* Records provided:
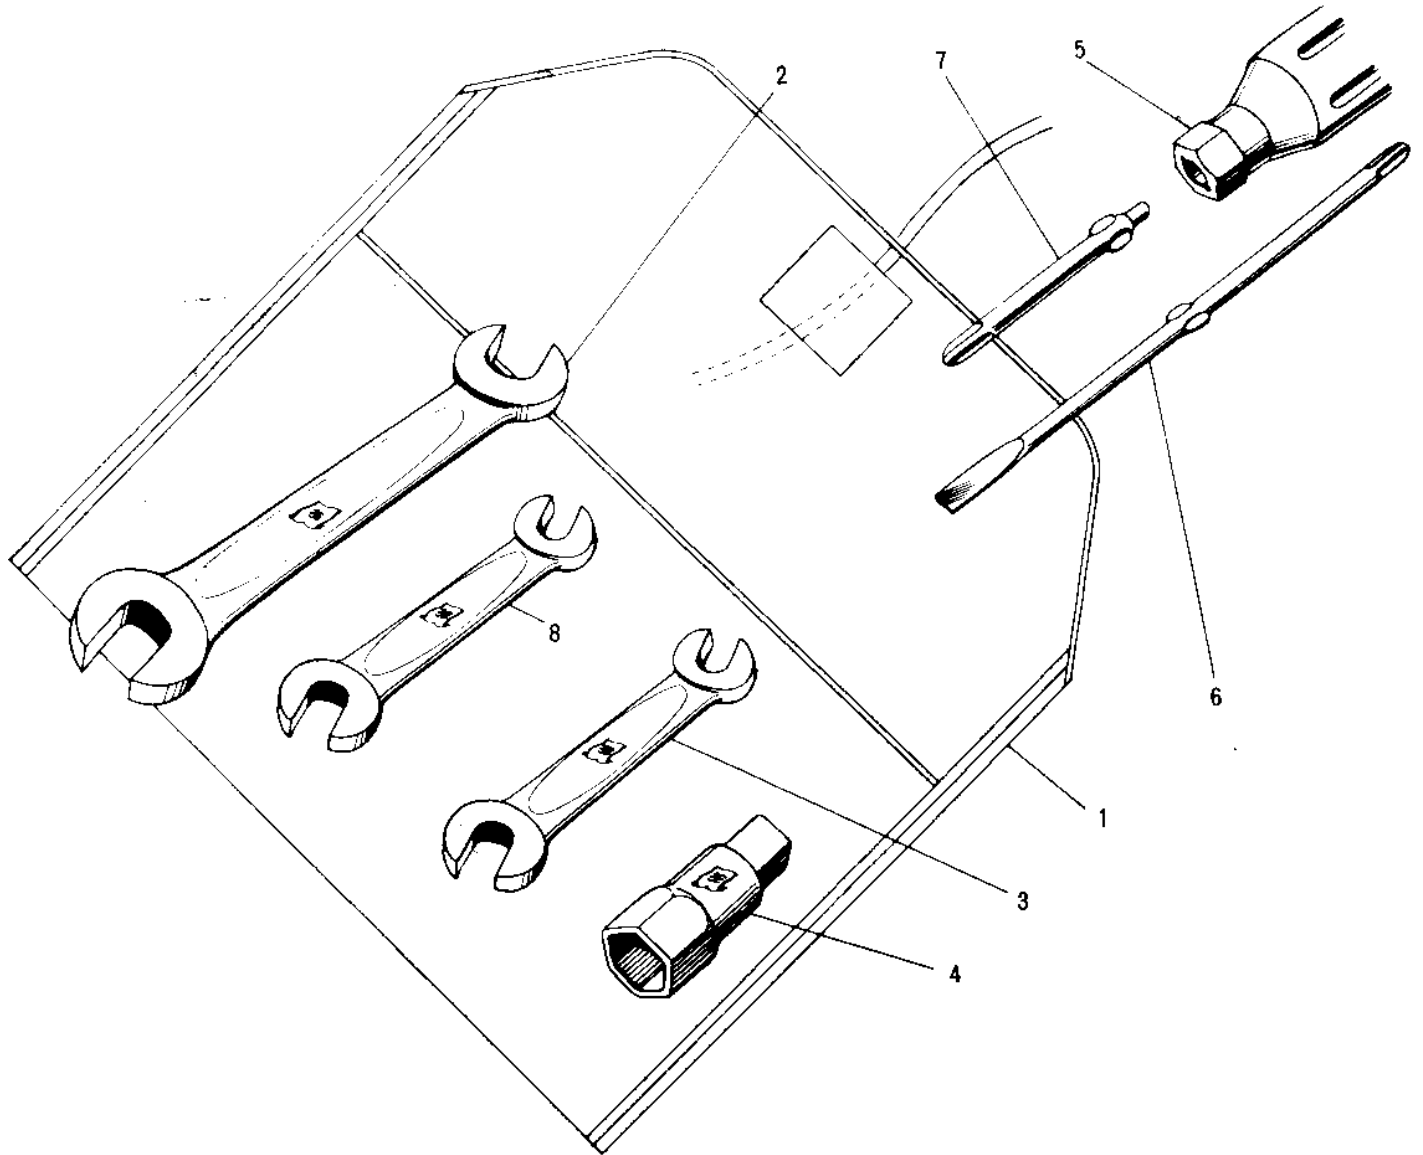

1968 Roadrunner PARTS DIAGRAM

OWNER TOOLS

1
1
1
1

1968 Roadrunner PARTS LIST

OWNER TOOLS

ITEM NAME	PART NUMBER	QUANTITY
UNAVAILABLE IN PRICE BOOK (Ref # 1 ~ 7)	56007-003	(1
*** N.L.A.*** (Canada) (Ref # 1 ~ 8)	56007-019	1
BAG,TOOL (Ref # 1)	56008-008	1
*** N.L.A.*** (Canada) (Ref # 2)	960B1719	1
*** N.L.A.*** (Canada) (Ref # 3)	960B1014	1
92110-012 (Canada) (Ref # 4)	92110-003	1
UNAVAILABLE IN PRICE BOOK (Ref # 5)	92106-003	1
TOOL-DRIVER (Ref # 6)	92107-1052	1
SCREW DRIVER #3 PHLIP (Ref # 7)	92107-005	1
UNAVAILABLE IN PRICE BOOK (Ref # 8)	960B1013	1
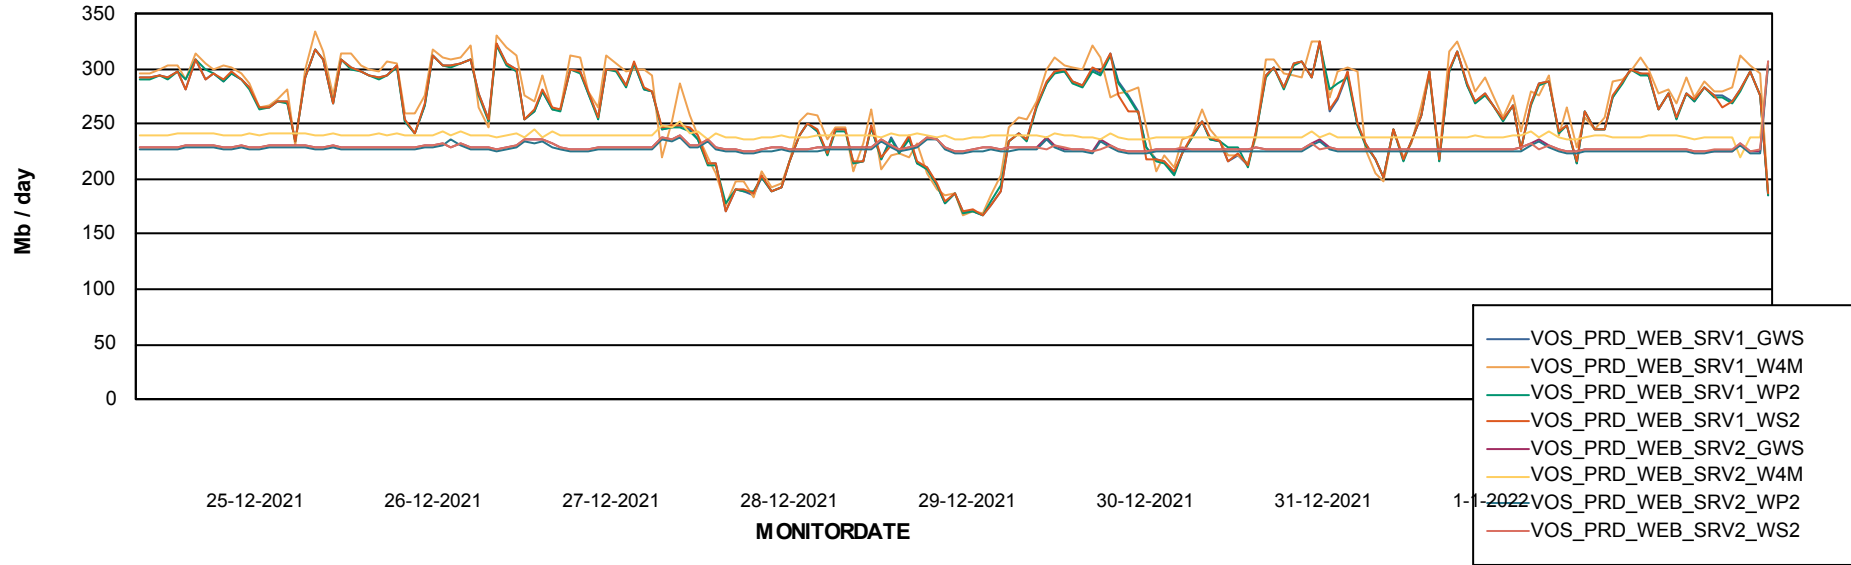

ABSSolute Application ReportServer Services

Avg memory used per ReportServer Service

Weekly SLA Customer Report

Customer VOS_Production
Database ID 68

ABSSolute Web Component Services

Avg memory used per ABS Web component
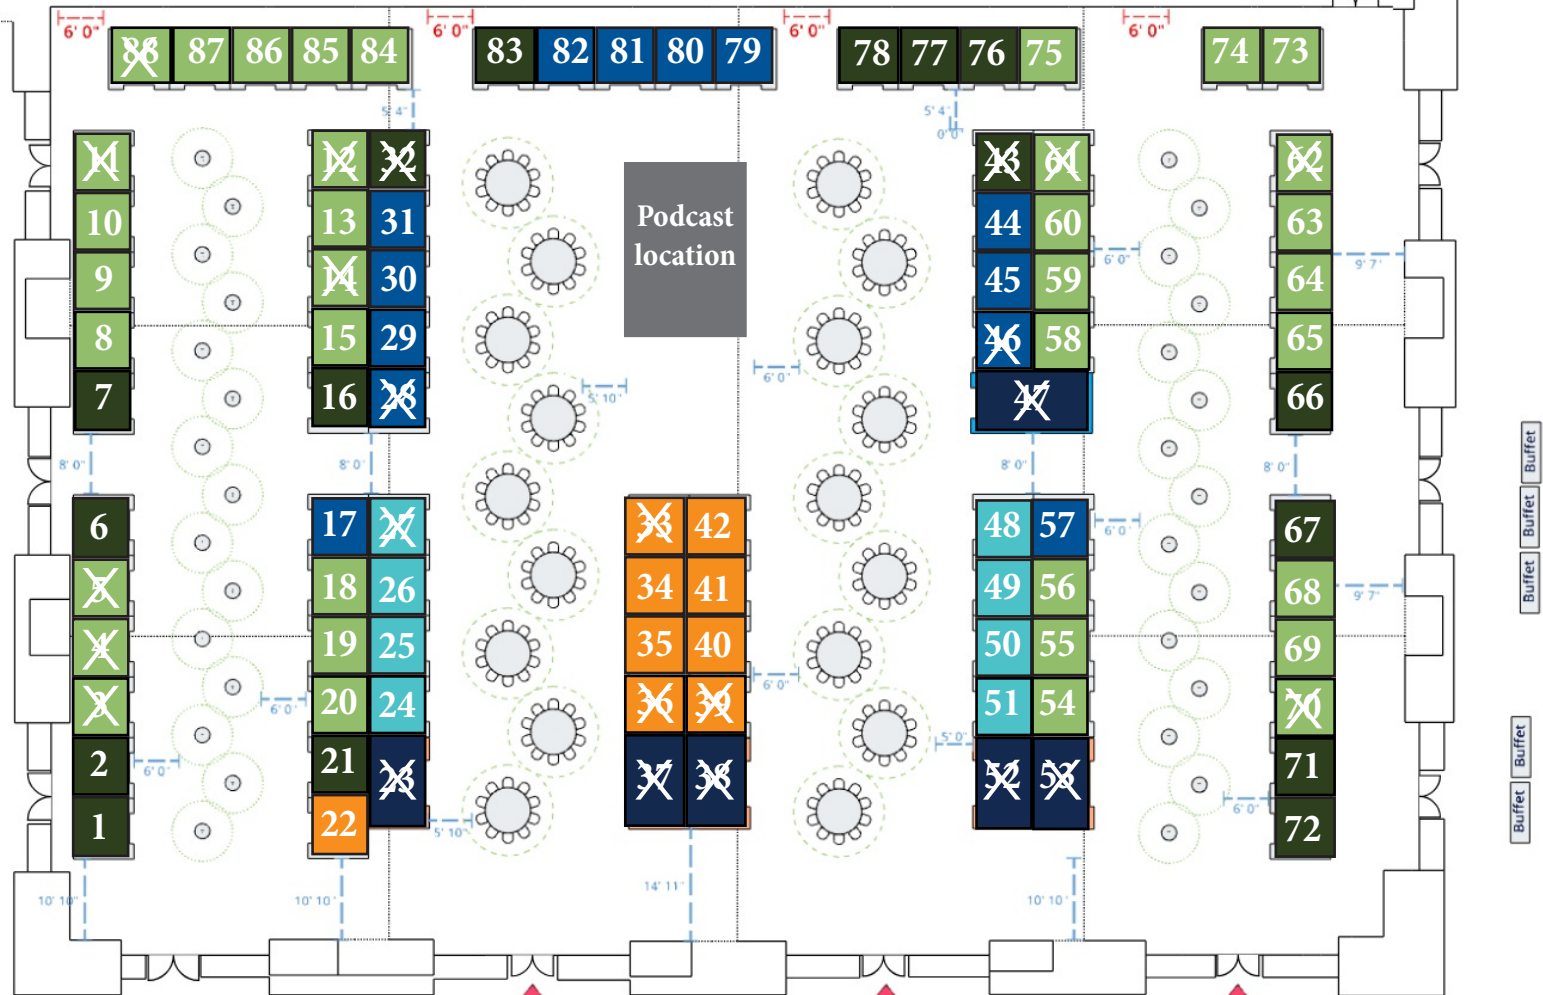

Exhibit Hall & Meal Space

Ryder Cup Ballroom West Prefunction

- Key:
- Tier 1
 - Tier 2
 - Tier 3
 - Tier 4
 - Tier 5
 - Tier 6

Ryder Cup Ballroom South Prefunction

20 Feet
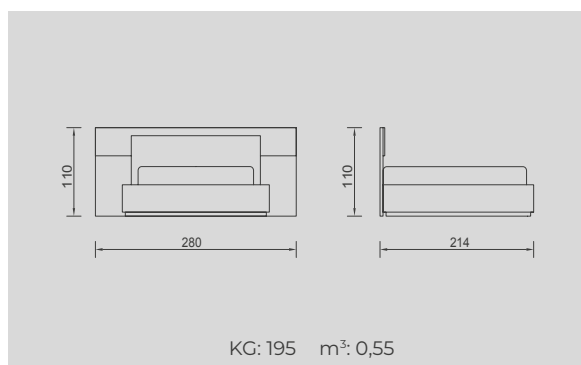

OSLO BEDROOM

Wardrobe

Oslo Bedstead (160) WITH STORAGE

Oslo Bedstead (180) WITH STORAGE

Chest of Drawers

Dresser (Without Mirror)

Mirror

Nightstand (2 Pcs.)
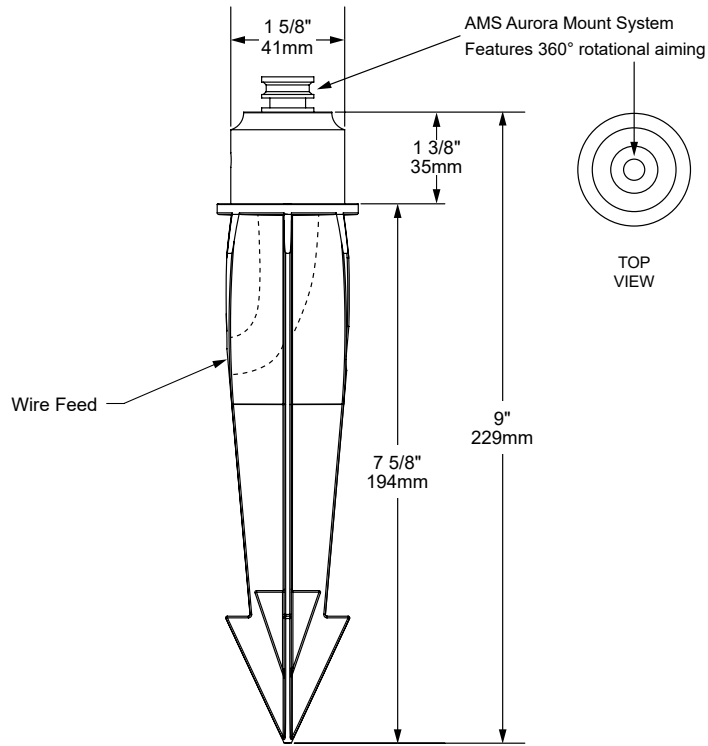

ORDERING GUIDE: ^{Prefix} **AGS** G (GROUND) S (STAKE) AMS (AURORA MOUNTING SYSTEM)

☐ INDICATES REQUIRED FIELD   ☐ INDICATES OPTIONAL FIELD   ✓ INCLUDED IN BASE PRICE

AGS

FINISH

STANDARD:

[NAT] Natural ✓

PLUS:

[BLP] Bronze Living Patina

[BLP-XD] BLP Extra Dark

PREMIUM:

[NI] Nickel PVD

[PVD] PVD Color (Contact Factory for Availability)
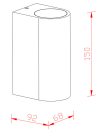

[View Product](#)

General Information

SKU	250630
EAN	5430004236023
Brand	D'Lite
Manufacturer Name	Vossem Aluminium body, clear glass diffuser, 220-240V/50-60Hz, 2xGU10 lampholder max:35W, bulb exclu
Any Lamp all-in warranty	2 Years

Technical Information

Technology	Fixture with Socket
Dimmable	Not Dimmable
Suitable for	GU10
Including bulb	No
Amount of bulbs required	2
Tiltable	No
Mounting Method	Wall mounted
Product Type Category	Decorative Lighting with Socket

Fixture Information

Fixture Connection	Cable
IP-rating	IP54

* What is needed: Print every line of the listing exactly, please, and leave the images out.

* Response to this exercise:
1968 Roadrunner PARTS DIAGRAM

OWNER TOOLS

1
1
1
1

1968 Roadrunner PARTS LIST

OWNER TOOLS

ITEM NAME	PART NUMBER	QUANTITY
UNAVAILABLE IN PRICE BOOK (Ref # 1 ~ 7)	56007-003	(1
*** N.L.A.*** (Canada) (Ref # 1 ~ 8)	56007-019	1
BAG,TOOL (Ref # 1)	56008-008	1
*** N.L.A.*** (Canada) (Ref # 2)	960B1719	1
*** N.L.A.*** (Canada) (Ref # 3)	960B1014	1
92110-012 (Canada) (Ref # 4)	92110-003	1
UNAVAILABLE IN PRICE BOOK (Ref # 5)	92106-003	1
TOOL-DRIVER (Ref # 6)	92107-1052	1
SCREW DRIVER #3 PHLIP (Ref # 7)	92107-005	1
UNAVAILABLE IN PRICE BOOK (Ref # 8)	960B1013	1

ABSSolute Application ReportServer Services

Avg memory used per ReportServer Service

Weekly SLA Customer Report

Customer VOS_Production
Database ID 68

ABSSolute Web Component Services

Avg memory used per ABS Web component

Exhibit Hall & Meal Space

Ryder Cup Ballroom West Prefunction

- Key:
- Tier 1
 - Tier 2
 - Tier 3
 - Tier 4
 - Tier 5
 - Tier 6

Ryder Cup Ballroom South Prefunction

20 Feet

OSLO BEDROOM

Wardrobe

Oslo Bedstead (160) WITH STORAGE

Oslo Bedstead (180) WITH STORAGE

Chest of Drawers

Dresser (Without Mirror)

Mirror

Nightstand (2 Pcs.)

ORDERING GUIDE: ^{Prefix} **AGS** G (GROUND) S (STAKE) AMS (AURORA MOUNTING SYSTEM)

☐ INDICATES REQUIRED FIELD   ☐ INDICATES OPTIONAL FIELD   ✓ INCLUDED IN BASE PRICE

AGS

FINISH

STANDARD:

[NAT] Natural ✓

PLUS:

[BLP] Bronze Living Patina

[BLP-XD] BLP Extra Dark

PREMIUM:

[NI] Nickel PVD

[PVD] PVD Color (Contact Factory for Availability)

[View Product](#)

General Information

SKU	250630
EAN	5430004236023
Brand	D'Lite
Manufacturer Name	Vossem Aluminium body, clear glass diffuser, 220-240V/50-60Hz, 2xGU10 lampholder max:35W, bulb exclu
Any Lamp all-in warranty	2 Years

Technical Information

Technology	Fixture with Socket
Dimmable	Not Dimmable
Suitable for	GU10
Including bulb	No
Amount of bulbs required	2
Tiltable	No
Mounting Method	Wall mounted
Product Type Category	Decorative Lighting with Socket

Fixture Information

Fixture Connection	Cable
IP-rating	IP54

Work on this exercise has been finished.